Imagine you wanted to express deaths in connection to average temperature in Wuhan. We calculate how much the varying temperature explains the variance of deaths.
In the jargon, statisticians call this value the coefficient of determination, or ‘R-squared’. The value goes from 0 to 1 (or 0% to 100%). If it is 1, the model fits exactly: explaining all the variance.
The Barrons article quotes biostatistician Prof Goodman (NYU):
I have never in my years seen an r-squared of 0.99. As a statistician, it makes me question the data.
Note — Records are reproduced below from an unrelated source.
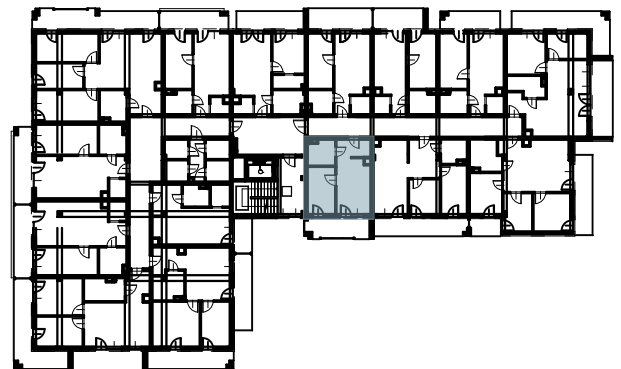

# OSIEDLE BŁĘKITNE

Jarosław, ul. Konfederacka

mieszkanie nr 76

V piętro

B-41  
2 POKOJE  
POW. UŻYTKOWA  
33,20m<sup>2</sup>

K5.M76.1	Komunikacja	4,59	
K5.M76.2	Łazienka	5,01	
K5.M76.3	Pokój	9,68	
K5.M76.4	Kuchnia + salon	13,92	33,20

skala 1:100

For this data, we were being told the coefficient for cumulative deaths. The fundamental problem is that cumulative sums are not independent of one another. The cumulative sum on the second day affects the third, and so on.
We can get a very high coefficient with cumulative sums of pseudo-random data. Imagine we have 100 independent ‘rolls’ of a six-sided die:
We can then add up the value after each roll. The model is pre-set: it is the true mean (3.5) times by the number of rolls.
The R-squared value is 0.998.
As the number of rolls increases, the mean value tends towards its true value (of 3.5). The cumulative sum of roll values tends towards 3.5 times the number of rolls.
This is the Law of Large Numbers in glasses.
The R code for the graphs is available on GitHub.